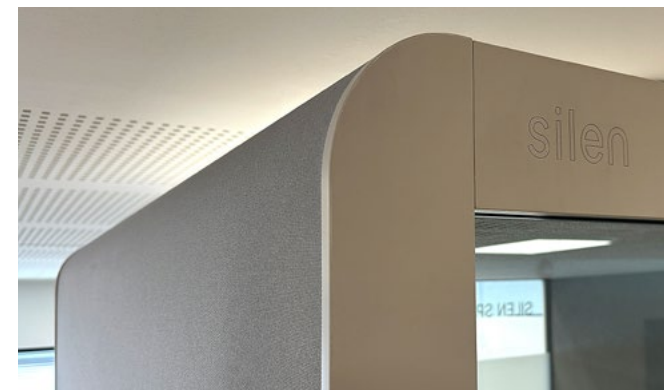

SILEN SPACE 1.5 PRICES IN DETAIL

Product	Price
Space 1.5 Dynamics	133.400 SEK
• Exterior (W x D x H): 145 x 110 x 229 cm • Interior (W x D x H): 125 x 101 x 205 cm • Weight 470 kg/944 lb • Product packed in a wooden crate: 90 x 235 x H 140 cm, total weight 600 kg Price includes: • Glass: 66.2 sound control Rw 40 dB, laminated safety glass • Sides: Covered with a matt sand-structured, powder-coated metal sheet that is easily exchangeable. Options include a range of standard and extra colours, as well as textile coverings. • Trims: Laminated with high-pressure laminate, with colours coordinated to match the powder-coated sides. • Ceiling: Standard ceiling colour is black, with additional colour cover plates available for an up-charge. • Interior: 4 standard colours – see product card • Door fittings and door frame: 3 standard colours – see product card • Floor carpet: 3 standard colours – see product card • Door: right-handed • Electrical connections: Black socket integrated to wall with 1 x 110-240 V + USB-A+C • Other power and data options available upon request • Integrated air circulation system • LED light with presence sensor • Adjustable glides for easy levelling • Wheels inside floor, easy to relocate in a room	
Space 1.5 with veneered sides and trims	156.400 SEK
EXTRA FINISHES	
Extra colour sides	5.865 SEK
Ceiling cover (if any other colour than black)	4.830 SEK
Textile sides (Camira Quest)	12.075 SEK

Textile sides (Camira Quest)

■ Prompt
All records above are to be printed exactly, minus the pictures they contain.

■ Solution to the problem
SILEN SPACE 1.5 PRICES IN DETAIL

Product	Price
Space 1.5 Dynamics	133.400 SEK
• Exterior (W x D x H): 145 x 110 x 229 cm • Interior (W x D x H): 125 x 101 x 205 cm • Weight 470 kg/944 lb • Product packed in a wooden crate: 90 x 235 x H 140 cm, total weight 600 kg Price includes: • Glass: 66.2 sound control Rw 40 dB, laminated safety glass • Sides: Covered with a matt sand-structured, powder-coated metal sheet that is easily exchangeable. Options include a range of standard and extra colours, as well as textile coverings. • Trims: Laminated with high-pressure laminate, with colours coordinated to match the powder-coated sides. • Ceiling: Standard ceiling colour is black, with additional colour cover plates available for an up-charge. • Interior: 4 standard colours – see product card • Door fittings and door frame: 3 standard colours – see product card • Floor carpet: 3 standard colours – see product card • Door: right-handed • Electrical connections: Black socket integrated to wall with 1 x 110-240 V + USB-A+C • Other power and data options available upon request • Integrated air circulation system • LED light with presence sensor • Adjustable glides for easy levelling • Wheels inside floor, easy to relocate in a room	
Space 1.5 with veneered sides and trims	156.400 SEK
EXTRA FINISHES	
Extra colour sides	5.865 SEK
Ceiling cover (if any other colour than black)	4.830 SEK
Textile sides (Camira Quest)	12.075 SEK

Textile sides (Camira Quest)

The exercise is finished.